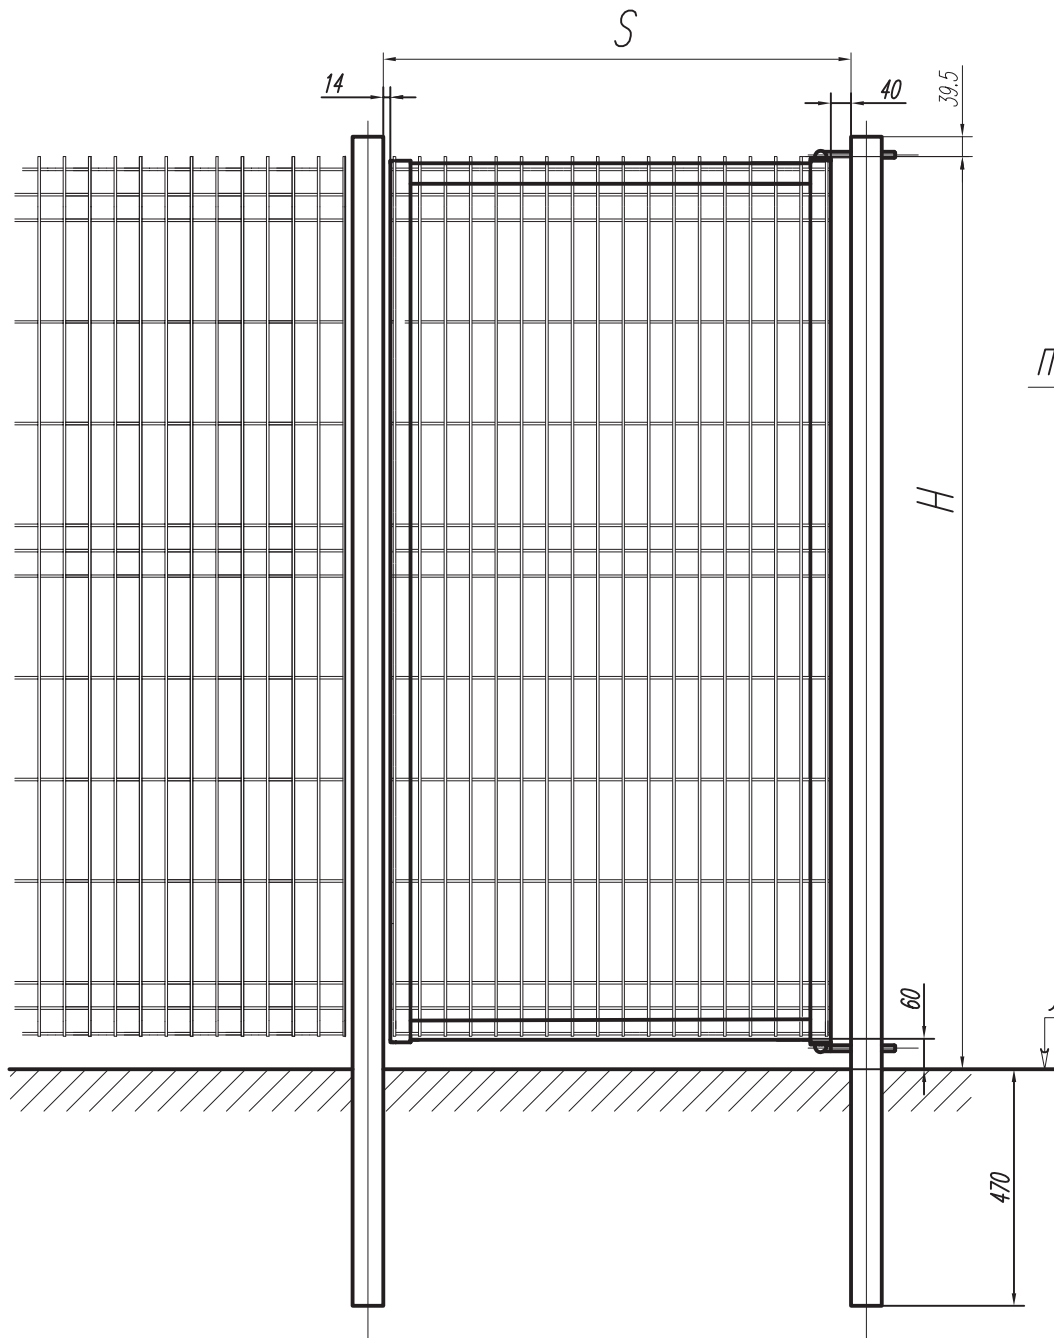

Калитка SMART

Ширина, S	900
Высота, H	1600; 1800; 2100.

☆ ☆ ☆ ☆ ☆ ☆ ☆

Give back each line above exactly, with pictures dropped.

### RESPONSE
Калитка SMART

Ширина, S	900
Высота, H	1600; 1800; 2100.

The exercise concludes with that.